Personal information
- Born: 25 May 1979 (age 47) Newcastle, New South Wales, Australia

Playing information
- Position: Second-row, Lock
Club
| Years | Team | Pld | T | G | FG | P |
| 1999 | Manly Warringah Sea Eagles | 6 | 0 | 0 | 0 | 0 |
| 2000–01 | Northern Eagles | 33 | 1 | 0 | 0 | 4 |
| 2002 | Salford City Reds | 22 | 1 | 0 | 0 | 4 |
|  | Total | 61 | 2 | 0 | 0 | 8 |
- Source:

= Greg Ebrill =

Australian rugby league footballer

Greg Ebrill (born 25 May 1979) is an Australian former professional rugby league footballer who played in the 1990s and 2000s. He played for the Manly Warringah Sea Eagles, Northern Eagles, and Salford City Reds he primarily played forward.

==Playing career==
Ebrill made his first grade debut for the Manly Warringah Sea Eagles from the bench in his side's 28−22 victory over the North Sydney Bears at North Sydney Oval in round 20 of the 1999 season. With the dissolution of the Sea Eagles at season's end, Ebrill's stint at the Sea Eagles ended at the conclusion of the 1999 season, He played 6 games for the Sea Eagles.

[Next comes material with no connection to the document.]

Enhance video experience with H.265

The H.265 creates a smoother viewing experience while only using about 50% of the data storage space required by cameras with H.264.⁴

In 2000, Ebrill joined the newly formed Northern Eagles following the Seas Eagles' merger. He played his last game for the Eagles in his side's 38-22 loss to eventual minor premiers the Parramatta Eels at Parramatta Stadium in round 25 of the 2001 season. After two seasons in which the Northern Eagles merger was wracked by internal strife and poor team performances, Ebrill left the Northern Eagles at the end of the 2001 season. He played 33 games and scored 1 try for the Northern Eagles.

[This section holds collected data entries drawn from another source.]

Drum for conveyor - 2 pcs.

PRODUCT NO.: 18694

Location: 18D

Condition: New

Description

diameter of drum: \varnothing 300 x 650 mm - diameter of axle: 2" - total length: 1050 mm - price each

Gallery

In 2002, Ebrill joined English Super League side, the Salford City Reds. After playing 22 games and scoring 1 try for the Reds, Ebrill left Salford at the end of the 2002 Super League season.

==Post playing==
Following his retirement from rugby league, Ebrill has since worked as a construction worker in the Newcastle area.